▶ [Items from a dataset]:
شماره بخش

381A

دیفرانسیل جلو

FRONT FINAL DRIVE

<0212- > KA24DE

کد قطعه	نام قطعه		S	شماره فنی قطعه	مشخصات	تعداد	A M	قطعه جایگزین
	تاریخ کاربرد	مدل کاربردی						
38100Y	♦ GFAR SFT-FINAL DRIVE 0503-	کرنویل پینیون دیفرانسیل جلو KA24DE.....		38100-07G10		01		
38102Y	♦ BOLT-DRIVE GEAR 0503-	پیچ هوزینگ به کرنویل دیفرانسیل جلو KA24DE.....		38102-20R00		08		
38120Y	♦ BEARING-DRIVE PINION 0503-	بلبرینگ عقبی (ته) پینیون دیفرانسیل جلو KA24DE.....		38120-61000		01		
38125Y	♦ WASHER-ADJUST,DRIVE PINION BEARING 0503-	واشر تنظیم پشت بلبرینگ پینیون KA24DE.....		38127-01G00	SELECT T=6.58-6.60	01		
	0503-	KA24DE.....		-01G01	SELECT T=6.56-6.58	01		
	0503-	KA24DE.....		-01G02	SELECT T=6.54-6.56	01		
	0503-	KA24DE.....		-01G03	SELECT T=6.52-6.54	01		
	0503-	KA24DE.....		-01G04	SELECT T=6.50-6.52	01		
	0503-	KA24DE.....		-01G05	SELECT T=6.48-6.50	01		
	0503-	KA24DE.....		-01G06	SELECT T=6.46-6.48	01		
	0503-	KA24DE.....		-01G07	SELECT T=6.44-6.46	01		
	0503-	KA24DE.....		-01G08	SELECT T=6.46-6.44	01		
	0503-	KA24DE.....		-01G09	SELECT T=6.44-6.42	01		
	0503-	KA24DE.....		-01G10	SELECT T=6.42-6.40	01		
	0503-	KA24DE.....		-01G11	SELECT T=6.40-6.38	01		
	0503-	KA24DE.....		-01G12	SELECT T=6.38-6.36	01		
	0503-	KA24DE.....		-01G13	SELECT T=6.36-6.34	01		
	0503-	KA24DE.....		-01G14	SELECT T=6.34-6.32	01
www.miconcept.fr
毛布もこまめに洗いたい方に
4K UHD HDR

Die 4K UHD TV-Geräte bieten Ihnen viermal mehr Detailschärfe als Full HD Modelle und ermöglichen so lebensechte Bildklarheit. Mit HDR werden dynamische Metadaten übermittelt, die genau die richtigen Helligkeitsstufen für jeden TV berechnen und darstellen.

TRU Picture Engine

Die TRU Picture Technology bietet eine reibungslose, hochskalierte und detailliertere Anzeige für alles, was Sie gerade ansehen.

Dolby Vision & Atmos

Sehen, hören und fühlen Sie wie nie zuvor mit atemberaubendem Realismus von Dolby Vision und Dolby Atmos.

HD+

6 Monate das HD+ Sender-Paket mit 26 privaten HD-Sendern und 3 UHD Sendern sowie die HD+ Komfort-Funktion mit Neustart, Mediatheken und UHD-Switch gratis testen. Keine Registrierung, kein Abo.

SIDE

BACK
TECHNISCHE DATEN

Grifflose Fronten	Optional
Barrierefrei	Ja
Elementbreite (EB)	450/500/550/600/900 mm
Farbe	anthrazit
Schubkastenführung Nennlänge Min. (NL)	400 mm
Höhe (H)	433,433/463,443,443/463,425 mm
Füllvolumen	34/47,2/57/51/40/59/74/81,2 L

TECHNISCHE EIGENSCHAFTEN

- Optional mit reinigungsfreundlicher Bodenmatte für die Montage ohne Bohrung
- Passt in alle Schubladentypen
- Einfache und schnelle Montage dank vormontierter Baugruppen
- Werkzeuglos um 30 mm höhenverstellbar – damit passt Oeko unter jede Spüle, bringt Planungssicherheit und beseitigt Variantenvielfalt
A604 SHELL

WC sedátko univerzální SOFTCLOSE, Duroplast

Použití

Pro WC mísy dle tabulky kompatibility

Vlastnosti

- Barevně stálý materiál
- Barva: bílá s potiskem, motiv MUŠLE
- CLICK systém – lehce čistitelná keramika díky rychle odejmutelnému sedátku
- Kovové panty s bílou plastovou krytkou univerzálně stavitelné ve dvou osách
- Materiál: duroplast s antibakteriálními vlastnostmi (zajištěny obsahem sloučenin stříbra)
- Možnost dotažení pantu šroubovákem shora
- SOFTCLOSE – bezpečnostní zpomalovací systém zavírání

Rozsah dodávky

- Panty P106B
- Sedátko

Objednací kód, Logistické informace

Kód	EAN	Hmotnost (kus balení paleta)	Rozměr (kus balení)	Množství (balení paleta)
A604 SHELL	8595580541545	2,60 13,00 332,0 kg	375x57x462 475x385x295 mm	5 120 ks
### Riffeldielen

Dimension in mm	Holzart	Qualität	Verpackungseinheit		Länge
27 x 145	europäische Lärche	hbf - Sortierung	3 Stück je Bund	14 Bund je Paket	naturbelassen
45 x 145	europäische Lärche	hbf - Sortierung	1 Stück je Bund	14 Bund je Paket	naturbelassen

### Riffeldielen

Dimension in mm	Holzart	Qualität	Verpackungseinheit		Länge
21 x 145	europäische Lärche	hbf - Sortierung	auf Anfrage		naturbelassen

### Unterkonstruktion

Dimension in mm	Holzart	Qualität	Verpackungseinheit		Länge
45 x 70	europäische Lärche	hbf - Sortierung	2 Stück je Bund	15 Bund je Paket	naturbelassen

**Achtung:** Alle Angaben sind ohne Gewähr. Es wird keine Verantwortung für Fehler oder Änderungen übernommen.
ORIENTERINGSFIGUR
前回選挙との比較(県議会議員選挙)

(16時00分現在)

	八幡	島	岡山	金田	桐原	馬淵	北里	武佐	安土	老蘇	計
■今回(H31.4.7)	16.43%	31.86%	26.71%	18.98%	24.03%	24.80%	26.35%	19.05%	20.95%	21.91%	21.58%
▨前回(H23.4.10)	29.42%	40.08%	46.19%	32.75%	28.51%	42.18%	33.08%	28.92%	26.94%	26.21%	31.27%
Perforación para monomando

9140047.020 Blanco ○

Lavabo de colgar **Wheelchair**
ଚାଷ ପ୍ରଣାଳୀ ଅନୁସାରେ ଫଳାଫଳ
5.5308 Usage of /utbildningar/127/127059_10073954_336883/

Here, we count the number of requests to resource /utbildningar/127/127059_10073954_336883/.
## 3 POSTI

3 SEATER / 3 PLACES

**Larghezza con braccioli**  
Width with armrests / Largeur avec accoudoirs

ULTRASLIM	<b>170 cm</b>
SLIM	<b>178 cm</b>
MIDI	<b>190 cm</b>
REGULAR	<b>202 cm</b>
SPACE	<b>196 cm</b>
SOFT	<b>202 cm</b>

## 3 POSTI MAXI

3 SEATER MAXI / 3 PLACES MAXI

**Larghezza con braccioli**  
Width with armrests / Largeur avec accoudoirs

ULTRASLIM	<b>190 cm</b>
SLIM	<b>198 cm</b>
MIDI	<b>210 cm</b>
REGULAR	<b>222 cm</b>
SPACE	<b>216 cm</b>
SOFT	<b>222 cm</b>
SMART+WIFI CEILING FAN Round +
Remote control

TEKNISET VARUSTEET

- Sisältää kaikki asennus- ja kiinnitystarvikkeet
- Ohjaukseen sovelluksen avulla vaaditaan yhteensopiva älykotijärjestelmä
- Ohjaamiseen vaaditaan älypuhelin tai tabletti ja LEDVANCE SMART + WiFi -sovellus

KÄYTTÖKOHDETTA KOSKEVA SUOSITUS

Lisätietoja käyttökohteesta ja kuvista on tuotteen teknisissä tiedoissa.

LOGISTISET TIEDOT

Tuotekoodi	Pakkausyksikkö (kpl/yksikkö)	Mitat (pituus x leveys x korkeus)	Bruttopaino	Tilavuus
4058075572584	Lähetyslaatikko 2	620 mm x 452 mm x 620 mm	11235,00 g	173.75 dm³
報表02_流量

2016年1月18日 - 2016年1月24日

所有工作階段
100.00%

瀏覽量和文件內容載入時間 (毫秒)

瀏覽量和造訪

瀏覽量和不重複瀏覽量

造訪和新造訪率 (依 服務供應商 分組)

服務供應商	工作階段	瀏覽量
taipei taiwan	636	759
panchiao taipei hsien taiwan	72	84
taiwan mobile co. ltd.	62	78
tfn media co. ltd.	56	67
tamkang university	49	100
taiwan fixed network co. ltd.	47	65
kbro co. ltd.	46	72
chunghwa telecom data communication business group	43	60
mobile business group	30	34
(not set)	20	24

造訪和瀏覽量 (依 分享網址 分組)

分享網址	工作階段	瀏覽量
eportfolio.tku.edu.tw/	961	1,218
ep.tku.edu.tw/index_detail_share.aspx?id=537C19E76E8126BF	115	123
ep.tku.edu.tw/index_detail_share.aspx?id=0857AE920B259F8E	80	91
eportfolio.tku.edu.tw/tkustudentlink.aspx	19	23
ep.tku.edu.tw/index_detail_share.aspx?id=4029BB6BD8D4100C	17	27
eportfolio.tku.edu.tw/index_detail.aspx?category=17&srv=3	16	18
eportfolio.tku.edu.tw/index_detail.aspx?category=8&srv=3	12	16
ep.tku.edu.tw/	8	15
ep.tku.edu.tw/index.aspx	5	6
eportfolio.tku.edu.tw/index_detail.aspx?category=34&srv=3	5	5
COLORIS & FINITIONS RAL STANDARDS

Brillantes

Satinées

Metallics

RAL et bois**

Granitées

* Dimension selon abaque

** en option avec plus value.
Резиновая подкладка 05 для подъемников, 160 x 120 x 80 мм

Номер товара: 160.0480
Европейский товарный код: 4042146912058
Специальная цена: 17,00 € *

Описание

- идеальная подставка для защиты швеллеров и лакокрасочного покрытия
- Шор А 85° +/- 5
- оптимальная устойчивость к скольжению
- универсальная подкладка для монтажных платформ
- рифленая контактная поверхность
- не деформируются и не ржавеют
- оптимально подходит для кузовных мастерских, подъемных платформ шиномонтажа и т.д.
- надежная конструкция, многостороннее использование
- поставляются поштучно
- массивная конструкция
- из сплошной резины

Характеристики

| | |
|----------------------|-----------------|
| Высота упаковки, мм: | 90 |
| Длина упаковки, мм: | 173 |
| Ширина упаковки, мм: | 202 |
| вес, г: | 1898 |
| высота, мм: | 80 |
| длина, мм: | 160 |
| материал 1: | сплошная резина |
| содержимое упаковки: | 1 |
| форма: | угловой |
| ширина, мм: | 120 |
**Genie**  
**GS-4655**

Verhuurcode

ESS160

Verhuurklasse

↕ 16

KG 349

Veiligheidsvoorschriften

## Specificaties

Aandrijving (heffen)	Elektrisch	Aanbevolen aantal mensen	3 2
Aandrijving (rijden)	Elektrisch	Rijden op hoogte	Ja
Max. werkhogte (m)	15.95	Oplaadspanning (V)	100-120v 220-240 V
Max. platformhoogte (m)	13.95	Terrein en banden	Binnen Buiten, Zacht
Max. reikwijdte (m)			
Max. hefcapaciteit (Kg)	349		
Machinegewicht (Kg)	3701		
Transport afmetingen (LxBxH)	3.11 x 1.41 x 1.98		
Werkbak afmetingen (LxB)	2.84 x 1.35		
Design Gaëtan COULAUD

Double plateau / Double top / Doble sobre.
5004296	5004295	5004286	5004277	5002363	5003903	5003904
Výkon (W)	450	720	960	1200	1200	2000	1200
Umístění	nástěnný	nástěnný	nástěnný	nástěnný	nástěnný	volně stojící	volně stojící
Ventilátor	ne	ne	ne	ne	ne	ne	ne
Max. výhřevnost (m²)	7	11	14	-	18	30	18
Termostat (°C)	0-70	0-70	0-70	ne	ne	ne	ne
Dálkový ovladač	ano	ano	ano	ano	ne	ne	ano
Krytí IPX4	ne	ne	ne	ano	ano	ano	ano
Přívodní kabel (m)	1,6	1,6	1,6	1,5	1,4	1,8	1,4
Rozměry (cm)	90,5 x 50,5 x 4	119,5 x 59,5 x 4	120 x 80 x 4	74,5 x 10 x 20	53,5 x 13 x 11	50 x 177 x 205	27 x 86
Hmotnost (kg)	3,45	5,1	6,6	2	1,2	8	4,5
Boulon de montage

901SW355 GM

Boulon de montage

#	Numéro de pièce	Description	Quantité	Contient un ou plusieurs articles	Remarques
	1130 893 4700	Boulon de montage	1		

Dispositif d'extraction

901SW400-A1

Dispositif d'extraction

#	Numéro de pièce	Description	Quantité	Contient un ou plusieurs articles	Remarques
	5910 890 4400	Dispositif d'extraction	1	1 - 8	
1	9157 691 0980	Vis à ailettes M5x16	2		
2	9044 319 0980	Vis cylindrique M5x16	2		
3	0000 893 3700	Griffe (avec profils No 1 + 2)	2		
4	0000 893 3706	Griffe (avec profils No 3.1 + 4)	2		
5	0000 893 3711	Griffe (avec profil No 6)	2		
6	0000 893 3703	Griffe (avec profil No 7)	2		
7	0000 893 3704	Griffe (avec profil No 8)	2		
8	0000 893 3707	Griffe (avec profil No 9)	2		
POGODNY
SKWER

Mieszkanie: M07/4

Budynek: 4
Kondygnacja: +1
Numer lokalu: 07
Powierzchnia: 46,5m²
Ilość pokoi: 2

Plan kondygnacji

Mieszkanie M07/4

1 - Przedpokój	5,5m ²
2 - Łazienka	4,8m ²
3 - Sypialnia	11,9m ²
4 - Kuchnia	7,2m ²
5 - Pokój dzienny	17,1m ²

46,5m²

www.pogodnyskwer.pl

▶ [ASSIGNMENT]:
Print, exactly as written, the first line of the records above and each line after it until the line with "هوزینگ به کرنویل", which is printed too.

▶ [SOLUTION]:
شماره بخش

381A

دیفرانسیل جلو

FRONT FINAL DRIVE

<0212- > KA24DE

کد قطعه	نام قطعه		S	شماره فنی قطعه	مشخصات	تعداد	A M	قطعه جایگزین
	تاریخ کاربرد	مدل کاربردی						
38100Y	♦ GFAR SFT-FINAL DRIVE 0503-	کرنویل پینیون دیفرانسیل جلو KA24DE.....		38100-07G10		01		
38102Y	♦ BOLT-DRIVE GEAR 0503-	پیچ هوزینگ به کرنویل دیفرانسیل جلو KA24DE.....		38102-20R00		08		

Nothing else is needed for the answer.